If $m=(\cos \theta-\sin \theta)$ and $n=(\cos \theta+\sin \theta)$, then show that $\sqrt{\frac{m}{n}}+\sqrt{\frac{n}{m}}=\frac{2}{\sqrt{1-\tan ^{2} \theta}}$.

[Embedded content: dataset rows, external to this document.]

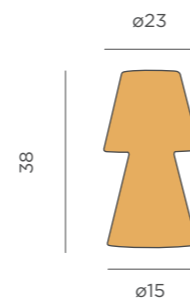

JUTE CABLE

REF: LUMLOLO40XXOCNW

- IP54 Outdoor & Indoor use
- Bulb E27 (not included)
- M Rattan

- Packaging: 24 x 24 x 39 cm
- Gross Weight (with packaging): 1,1kg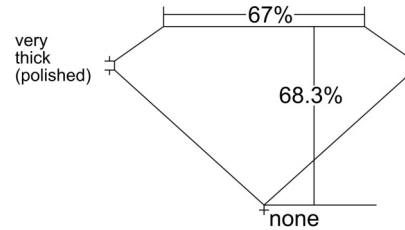

**GIA NATURAL DIAMOND GRADING REPORT**

March 07, 2025

GIA Report Number ..... 1513537233

Shape and Cutting Style ..... Emerald Cut

Measurements ..... 8.64 x 5.86 x 4.00 mm

**GRADING RESULTS**

Carat Weight ..... 2.10 carat

Profile not to actual proportions

**CLARITY CHARACTERISTICS**

**KEY TO SYMBOLS\***

- Crystal
- Pinpoint

\* Red symbols denote internal characteristics (inclusions). Green or black symbols denote external characteristics (blemishes). Diagram is an approximate representation of the diamond, and symbols shown indicate type, position, and approximate size of clarity characteristics. All clarity characteristics may not be shown. Details of finish are not shown.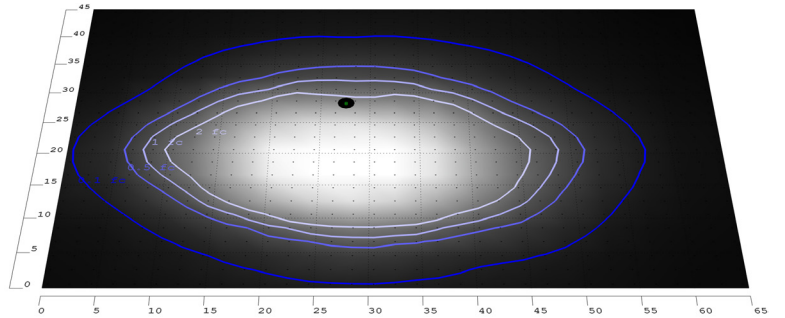

Photometrics: GPA-B32-80-150W-MCTP-BK

BUD Rating: B3-U5-G3

50W 5000K, Area 45'x 65' Mounting Height: 9'

Other Views: GPA-B32-80-150W-MCTP-BK

Side View

Front View

Performance Table: GPA-B32-80-150W-MCTP-BK

MODEL NO.	Wattage	Voltage	Lumens	Color Temp.	BUG Rating	LPW
GPA-B32-80-150W-MCTP-BK	80W 100W 150W	120-277V	10800LM 13500LM 20250LM	3000K 4000K 5000K	B3-U5-G3	135

$\mathrm{LHS}=\sqrt{\frac{m}{n}}+\sqrt{\frac{n}{m}}$
$=\frac{\sqrt{m}}{\sqrt{n}}+\frac{\sqrt{n}}{\sqrt{m}}$
$=\frac{m+n}{\sqrt{m n}}$
$=\frac{(\cos \theta-\sin \theta)+(\cos \theta+\sin \theta)}{\sqrt{(\cos \theta-\sin \theta)(\cos \theta+\sin \theta)}}$
$=\frac{2 \cos \theta}{\sqrt{\cos ^{2} \theta-\sin ^{2} \theta}}$
$=\frac{\left(\frac{2 \cos \theta}{\cos \theta}\right)}{\left(\frac{\sqrt{\cos ^{2} \theta-\sin ^{2} \theta}}{\cos \theta}\right)}$
$=\frac{2}{\sqrt{\frac{\cos ^{2} \theta}{\cos ^{2} \theta}-\frac{\sin ^{2} \theta}{\cos ^{2} \theta}}}$
$=\frac{2}{\sqrt{1-\tan ^{2} \theta}}$
$=\mathrm{RHS}$